Jochen hat seinen Fernseher eingemottet. "Das Fernsehen hat seinen besten Zuschauer verloren. Und ich glaube, es hat sich nie ganz davon erholt."
M.P.: "Die Ideen, die mich heimgesucht hatten, verflüchtigten sich jetzt rasch. Sie sind wie Göttinnen, die zuweilen geruhen, einem einsamen Sterblichen an der Biegung des Weges sichtbar zu erscheinen, sogar in seinem Zimmer, in das sie, während er schläft, im Türrahmen stehend, ihm ihre Verkündigung tragen.
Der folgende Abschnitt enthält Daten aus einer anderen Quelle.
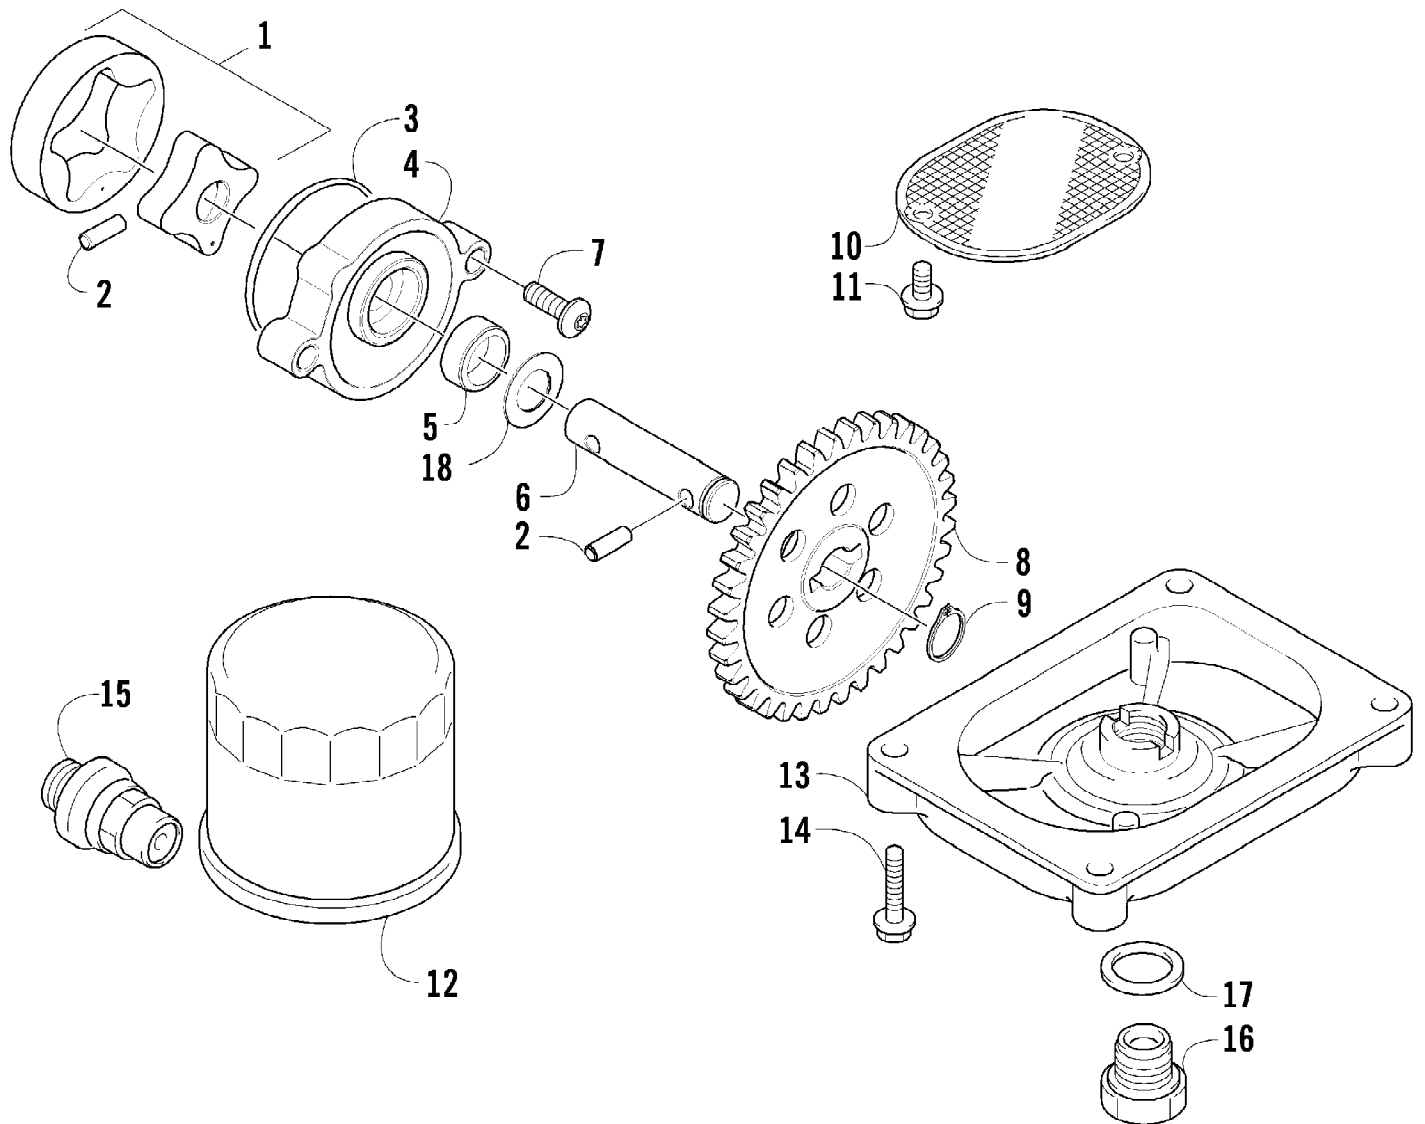

2009 ATV 1000 TRV RED (A2009TBW4EUSR)
OIL FILTER/PUMP ASSEMBLY

Page 53 of 87

Ref #	Part Number	Qty	S/P/F	Description
1	0812-041	1		Gerotor - Set
2	0829-009	2		Pin, Dowel
3	0812-048	1		O-Ring
4	0812-040	1		Housing, Oil Pump
5	0812-047	1		Seal, Oil Pump
6	0812-046	1		Shaft, Oil Pump
7	8468-620	2	/P	Screw, Machine
8	0812-045	1		Gear, Driven
9	0831-002	1		Ring, Retaining
10	0812-057	1	/P	Strainer, Oil
11	0826-040	2		Screw, Machine
12	0812-029	1	S	Filter, Oil
13	0812-053	1		Cap, Oil Strainer
14	8468-625	4		Screw, Machine
15	0812-052	1		Valve, Oil-Relief - Assembly
16	0812-006	1		Plug, Drain
17	0830-017	1		Gasket, Drain Plug
18	0828-007	1	/P	Shim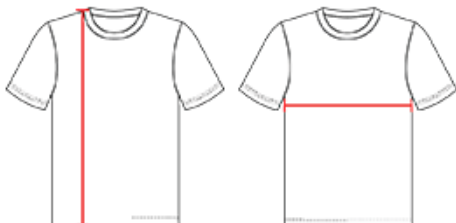

460500 MEN'S PRO-COMPRESSION L/SCREW

- Badger heat seal logo on left sleeve
- 83% Polyester/17% Spandex moisture management fabric
- Self-fabric collar
- Stretch body mt
- Double-needle hem

COLORS

SPECIFICATIONS

	S	M	L	XL	2XL	3XL
Piece Weight measured in pounds	0.36	0.36	0.36	0.36	0.36	0.36
Spec Body Length measured in inches	24 1/2	25 1/2	26 1/2	27 1/2	28 1/2	29 1/2
Spec Chest Width measured in inches	14 1/2	16	17 1/2	19	20 1/2	22
Case Count # of units per case	36	36	36	36	36	24

HOW TO MEASURE

These product specifications reference a product's measurements. For sizing information and guidance, please reference our sizing charts.

BODY LENGTH

Measured from the top of the shoulder to bottom of the back.

CHEST WIDTH

Measured across the chest at its fullest part while laid flat.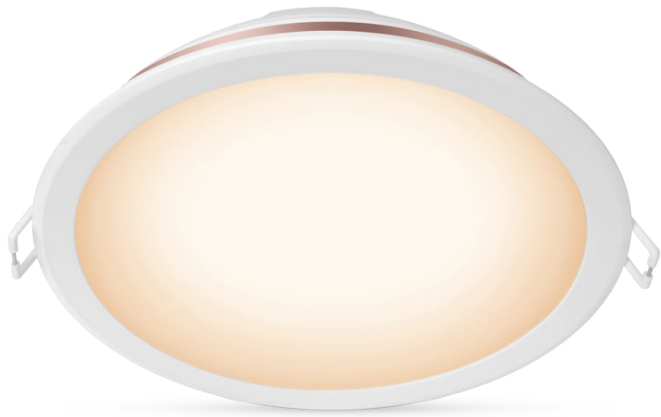

# PHILIPS

6 inch recessed  
downlight 17W

Smart LED

Tunable white

Cut out Ø146-155MM

IP20/Round/White

8719514393950

## Choose from warm or cool white light

Get tunable light in any shade of warm or cool white with the Philips Smart LED 6-inch recessed downlight. This light is WiZ connected. Use with your existing Wi-Fi to control with the WiZ app or your voice.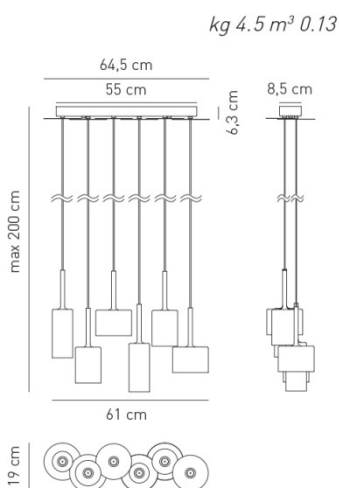

Typology: suspension lamp

Ratings

- G4
- Diffused light
- Surface installation over holes
- Switch mode: on-off
- Metal body, chrome
- Clear or coloured diffuser

12V (••) VERSION

- Supply voltage ~220-240
- Dimmable phase cut transformer

G4L (•) VERSION

- Supply voltage ~120-240V
- CCT of the included LED lamp 3000 K

Product code composition

SPILLRAY

Type	Article	Colours	Finish	Source
SP	SPILL 6	CS crystal	CR chrome	12V (••) G4 6xMax 20W 12Vac halo included
		RS red		G4L (•) G4 6xMax 1,5W 12Vdc LED included - only LED bulb
		GR grey		
		BR metallic bronze		

CUSTOMER _____ NOTES _____

SPSPILL6 __ CR __ __

Luminous flux (lm) and efficacy (lm/W) for all built-in LED luminaires is estimated based on nominal ratings of the LED sources. Technical data could be subject to alteration without notice. Axo Light does not provide legal guarantee for the accuracy of this data sheet.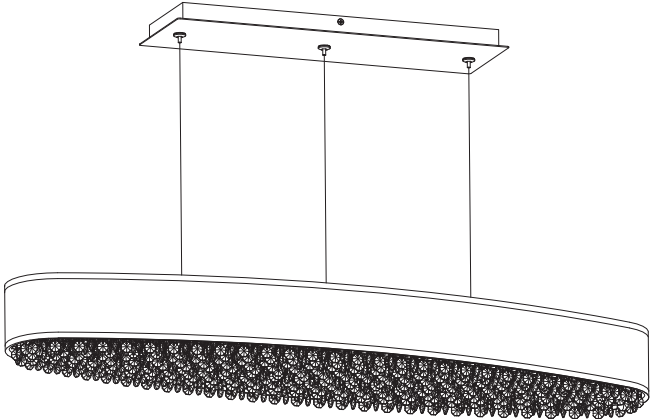

SOLEIL S6336/49-401R ____

THIS DESIGN IS THE PROPRIETARY TRADE DRESS/TRADEMARK OF W SCHONBEK LLC.

S6336: 38W S6349: 44W		120-277 V						

WWW.SCHONBEK.COM/INSTALLATIONMANUAL

All electrical components must be installed by a licensed electrician in accordance with the National Electric Code and the appropriate local electrical codes.

S6336 Crystal

TOP VIEW

A: 87/580/1SH (X2)
B: 87/581/1SH (X2)

S6349 Crystal

TOP VIEW

A: 87/582/1SH (X2)
B: 87/583/1SH
C: 87/584/1SH

S6336 Fabric Shade : S6336SVRSHADE OR S6336WHTSHADE

S6349 Fabric Shade : S6349SVRSHADE OR S6349WHTSHADE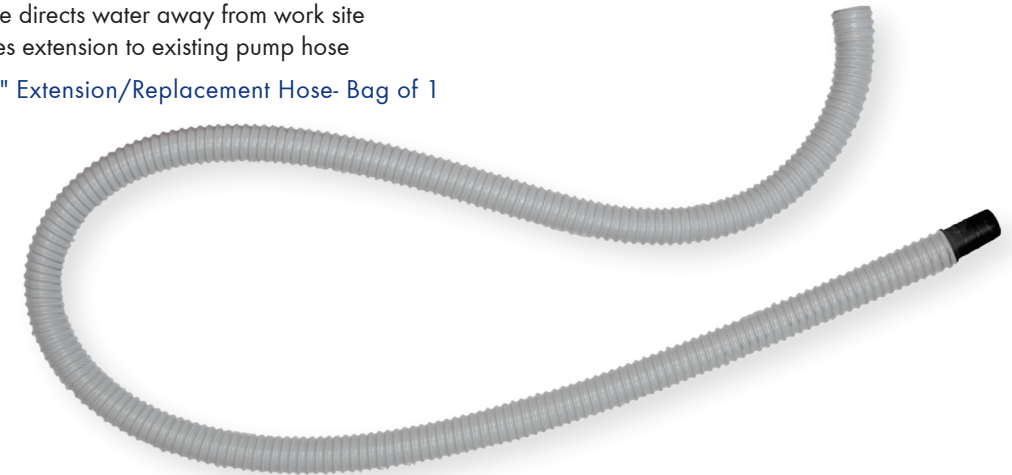

SKU# RET252 QTY 1

U.S. Pat. 7726,231. All other trademarks, U.S. and Foreign Patents Pending apply. All Rights Reserved.

Siphon King Syringe Sucker

- For use in small spaces, including golf valve bodies, meter pits, narrow trenches, etc.
- 3/4" barb fitting with 12" pipe attachment
- Replace 12" pipe with any length funny pipe for maximum flexibility and reach

SKU# 48215 Syringe Sucker- Card of 1

Siphon King Pump Assembly Foot

- Screws on easily
- Works with all Siphon King Utility Pumps

SKU# 48205 Pump Assembly Foot- Bag of 1

Siphon King 72" Extension/Replacement Hose with Coupler

- 72" flexible hose directs water away from work site
- Coupler provides extension to existing pump hose

SKU# 48272 72" Extension/Replacement Hose- Bag of 1

Siphon King Jr.

- Intake and discharge transfer system
- May be used to transfer liquids, remove water, change oil, siphon gas, or inflate small objects
- Complete with two 50" siphon hoses, a dipstick tube, and an air pressure hose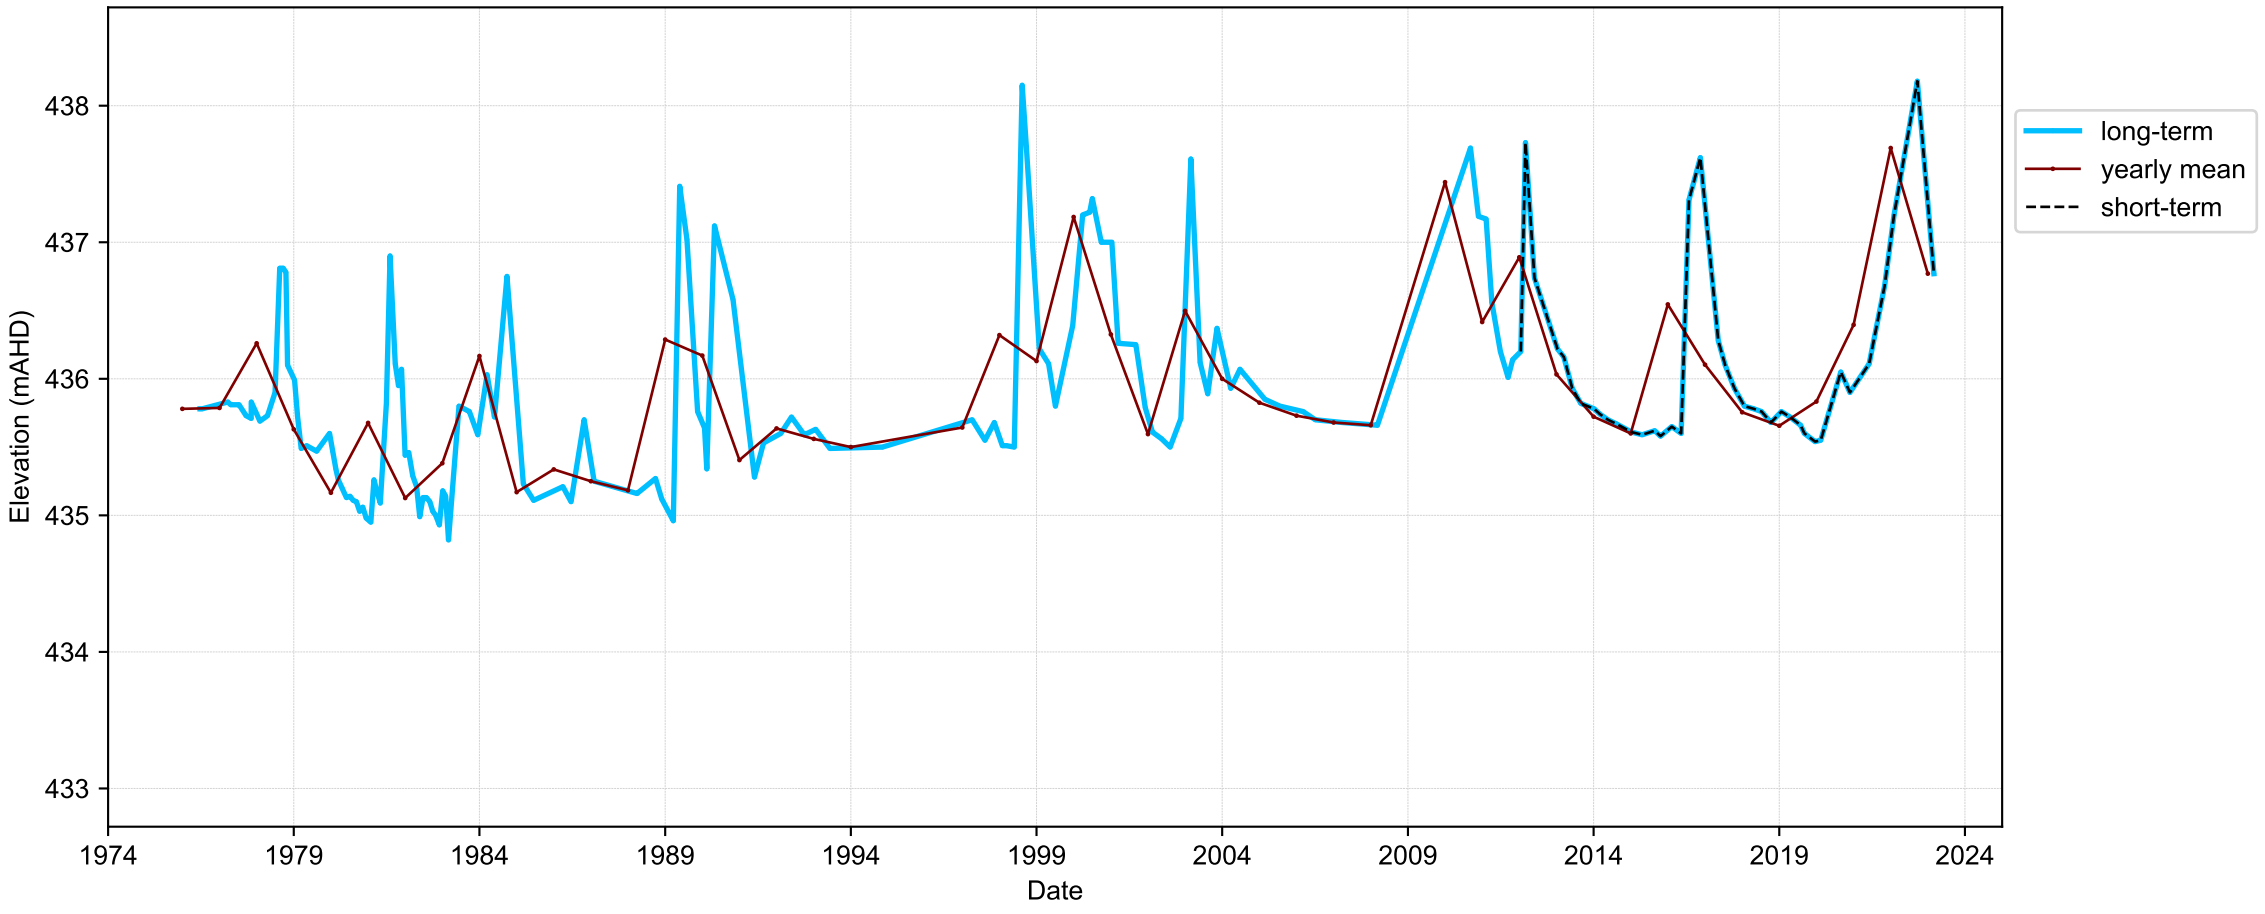

Map View for GS16

Hydrograph for hydroid: 10091924

Map View for GS16

Hydrograph for hydroid: 10109843

Map View for GS16

Hydrograph for hydroid: 10111398

Map View for GS16

Hydrograph for hydroid: 10113213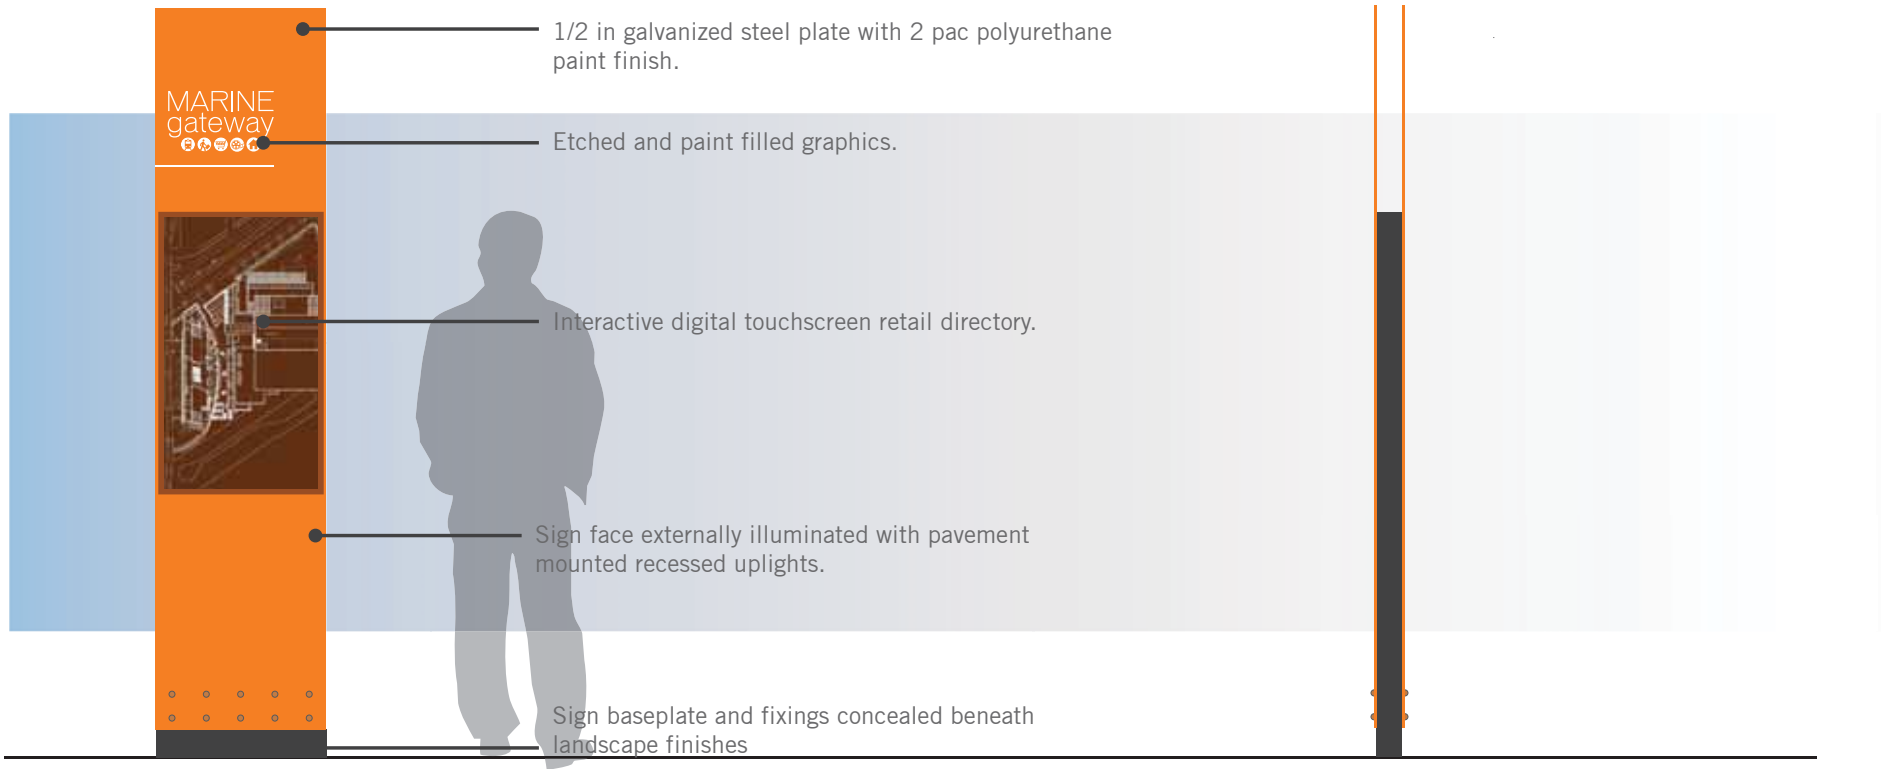

DESIGN DEVELOPMENT - Typical Directory Sign

Doch sobald man zu zweit ist, verschwinden sie; Menschen, die stets in Gesellschaft leben, bekommen sie nie zu Gesicht."
Dazu J.S.: "Scheußliche Wahrheit, wie ein erbarmungsloser Urteilsspruch für jeden, der vorhatte, sich durch Schreiben auf die Menschen zuzubewegen." Die darauffolgenden Sätze des Blogs sind im Buch hinweglektoriert: "Aber Isolation muss ja auch nicht die einzige denkbare Methode sein. Vielleicht gibt es auch geselligere Arbeits- und Denkformen."
Warum?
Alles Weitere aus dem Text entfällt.